## Task goal
From the listing below, pull out every line where the string "supervisión" appears.

- - -

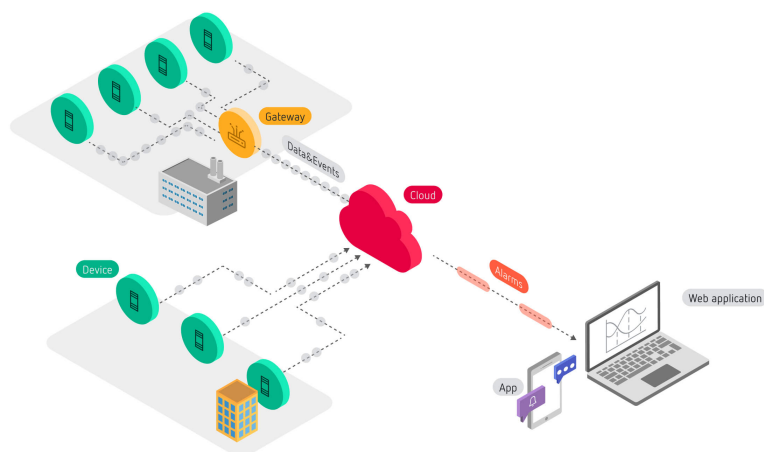

Scout VAR

VAR_Scout

Software de supervisión y auditoría eléctrica

Código: W10340.

Aplicación

Scout ofrece una variedad de módulos especializados, cada uno enfocado en un aspecto clave de la supervisión de instalaciones.

VAR_Scout: Vigilancia y supervisión del funcionamiento y estado de tu batería de condensadores.

Las baterías de condensadores son esenciales para corregir un factor de potencia bajo en tus instalaciones.

El módulo **VAR** asegura que su rendimiento sea óptimo y que el factor de potencia se mantenga dentro de los niveles adecuados, ayudando a evitar penalizaciones y a mejorar la eficiencia energética.

Recibe alertas sobre el factor de potencia y el rendimiento de las baterías, con información detallada que facilita el mantenimiento preventivo. Además, envía informes periódicos del factor de potencia a los usuarios que elijas.

Ideal para: Responsables de mantenimiento, empresas dedicadas a la instalación y/o mantenimiento de baterías de condensadores.

- Empresas instaladoras/mantenedoras: Servicio mejorado con monitoreo en tiempo real y visión centralizada del parque de baterías.
- Industria: Control del factor de potencia para evitar penalizaciones de reactiva.
- Data Centers: Evita posibles penalizaciones en la factura, mejora la eficiencia energética del centro y obtén respuesta proactiva para actuar de manera eficaz.

Equipos compatibles:

Todas las baterías de condensadores que dispongan del regulador **Computer C Wi-Fi** o el **Computer Smart III** conectado con el conversor SmartLink-VAR.
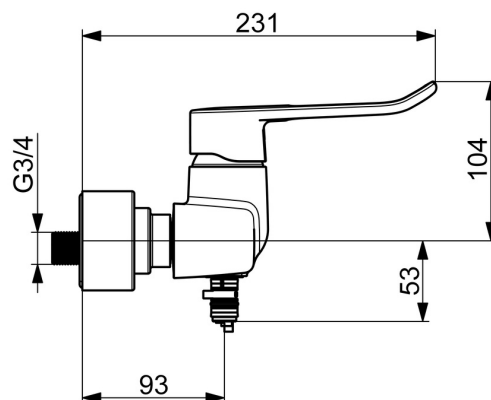

EAN: 4057304020506
static.hansa.com/01556269

- Umyvadlo
- Veřejné a poloveřejné, Zdraví a péče
- Jednopáková, Self-powered, Bluetooth®, Lead free
- Montáž na zeď
- Chrom
- Aerátor s laminárním proudem vody
- Třímenová páka
- ø 40 mm keramická kartuše pro ovládání teploty a průtoku vody
- Etážky
- Inner body made of composite

Technické údaje

Vlastnosti průtoku

Průtokové množství při 3 bar (s omezovací průtoku) **4.7 l/min**

Technické vlastnosti

Zdroj teplé vody **max. +65°C**
Pracovní tlak **1-10 bar**
Velikost přípojky **G3/4**
Instalační šířka **150 ± 3 mm**
Materiál **Mosaz/Plast**

Třída ochrany **IP 55**

Schválení a Prohlášení

Prohlášení o shodě **RED**
EPD **S-P-06391**

Náhradní díly

SP01556269

	Název	Kód
01	Dlouhá páka, L=140	45240003
01	Dlouhá páka, L=162	59914716
02	Upevňovací matice, M42x1.5, SW 38	59914128
03	Kartuše	59914665
04	Těsnění výtokového ramene	59914720
05	Omezovač, 60°/0°	59914264
05	Omezovač, 120°	59914728
06	Krycí díl	290014
07	Excentrický	59914082
N.I.	Těsnění s filtrem, G3/4	59911076
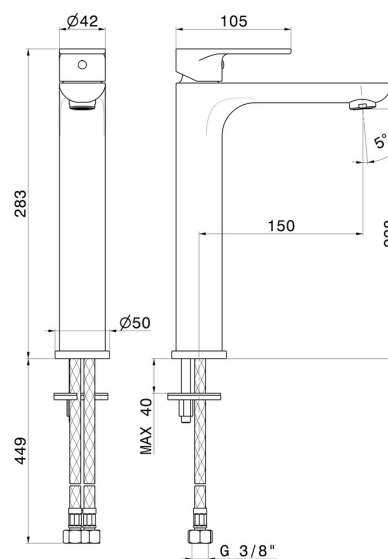

Alta

Tipo di foro

Monoforo

Tipologia di comando

Monocomando

Scarico

Senza scarico

Miscelazione dell' acqua

Meccanica

DISEGNO TECNICO

EXTRO

69315.21.018

Miscelatore monocomando versione alta per lavabo da appoggio - finitura Cromo

FINITURE DISPONIBILI

21.018

Cromo
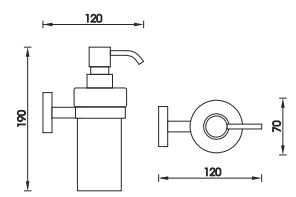

UN 13031W-26

Dávkovač na tekuté mýdlo. Nádobka matné sklo. Objem cca200ml.

	Kč	€	€
cena bez DPH price without VAT	582,-	25,36	25,36
cena s DPH price with VAT	699,-	30,50
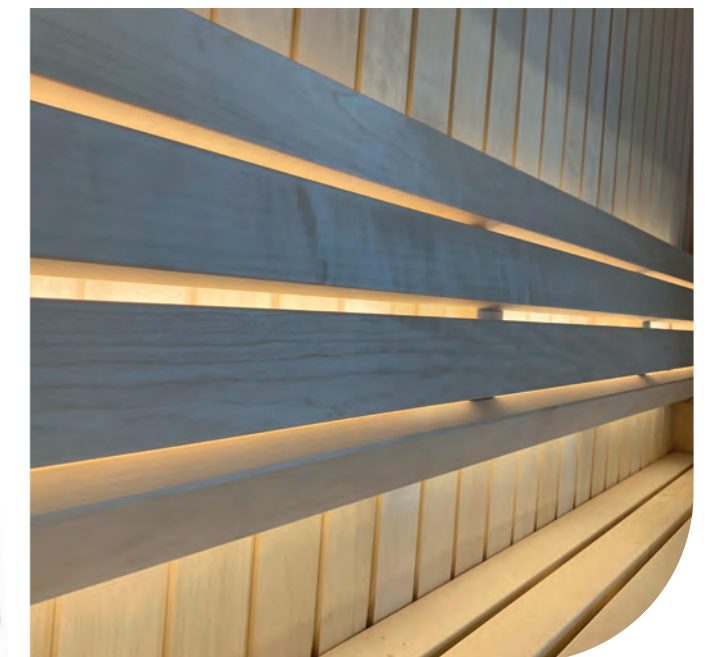

LED Beleuchtung hinter den Rückenlehnen

- - -

## Written answer
Software de supervisión y auditoría eléctrica
Scout ofrece una variedad de módulos especializados, cada uno enfocado en un aspecto clave de la supervisión de instalaciones.
VAR_Scout: Vigilancia y supervisión del funcionamiento y estado de tu batería de condensadores.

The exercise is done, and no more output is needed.